【大紀元日本4月15日】二松学舎大学教授・小川晴久氏の呼びかけで、有志で結成した市民団体「北朝鮮強制収容所をなくすアクションの会(NO FENCE IN NORTH KOREA)」=共同代表:砂川昌順氏、小沢木理氏=が13日、都内千代田区永田町の星稜会館で発足記念集会を開き、脱北者8人余が参加し、その北での強制収容所の体験を生々しく証言した。
今回は特に女性の脱北者であるキム・ムンスクさんが証言に参加し、その監獄での取り調べ中に遭遇した記憶を回想し、「ご来場の女性の聴衆の方々にはご迷惑かも知れませんが…」と前置きした上で、自身の性的な虐待という忌まわしい体験を涙ながらに訴えた。
キムさんは、80年代に夫が政治犯として連行され、その後90年代に入り親戚一同も連座で連行されるに至り、その家族が崩壊し脱北を決意したという。先に、息子を中国の丹東に逃がし、その後娘二人を連れて中国入りしたが、第三国に出国する寸前のベトナムで公安に逮捕されて強制北送され、北の監獄で約5ヶ月間にわたり取り調べを受ける中で、人権無視の性的な虐待に遭った。
キムさんは逮捕後に北のオンソンにある留置場に送られ、「中国人民元を陰部に隠しているだろう?」と獄卒に言われて、その着衣を脱がされて全裸にされスクワットを100回あまり強制されたという。しかし、人民元が出てこなかったために一緒に連行されたその実の娘もまた全裸にされ、互いに陰部をまさぐって金銭を取り出すよう指示された。しかし結果、その娘さんが指示によく従わなかったために殴るけるの暴行に遭ったという。
キムさんによると、一般に強制北送された女性はすぐに妊娠しているかどうかがすぐにチェックされ、妊娠が判明した場合には出産しても「中国の種を宿してきた…」とその場で即刻新生児が殺されるか、もしくは妊婦ごといずこかに消えてその胎児は強制堕胎されるのが結末だという。

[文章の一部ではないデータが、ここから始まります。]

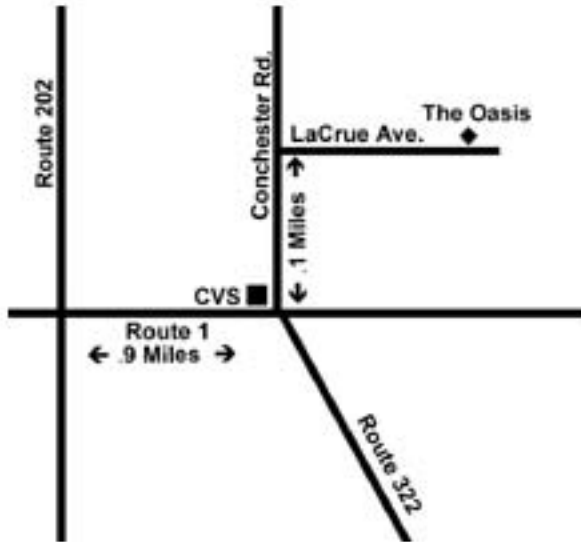

PARTY
AT

35 LaCruce Avenue
Glen Mills, PA 19342
610-358-3501
www.oasisfamilyfun.com

さらにキムさんは、「北朝鮮の女性には、中国で金を稼ぐと陰部の奥深くにこれを隠して家族の元に戻ってくる人がいます。これらを手で取るのは非常に困難なため、しばしば獄卒が器具を使って取り出そうとするのですが、あまりの激痛のために失神する人が後を絶ちません」と明かした。
北朝鮮では、権力機構である労働党、軍や公安の幹部を除き、既に配給制が一般庶民レベルでは事実上崩壊しているため、ピョンヤンの金総書記が通る「一号道路」を一歩奥に入った裏路地では、ジャンマダン「闇市」が横行している。そこでの売り子たちは皆が逞しい北朝鮮の女性たちだ。これらの女性たちの中には、さらに商魂たくましく丹東や延吉などの中朝国境地帯をまたいで稼ぐ行商人もおり、強制北送の憂き目に遭って家族のために犠牲になる人も少なくないのが現状だ。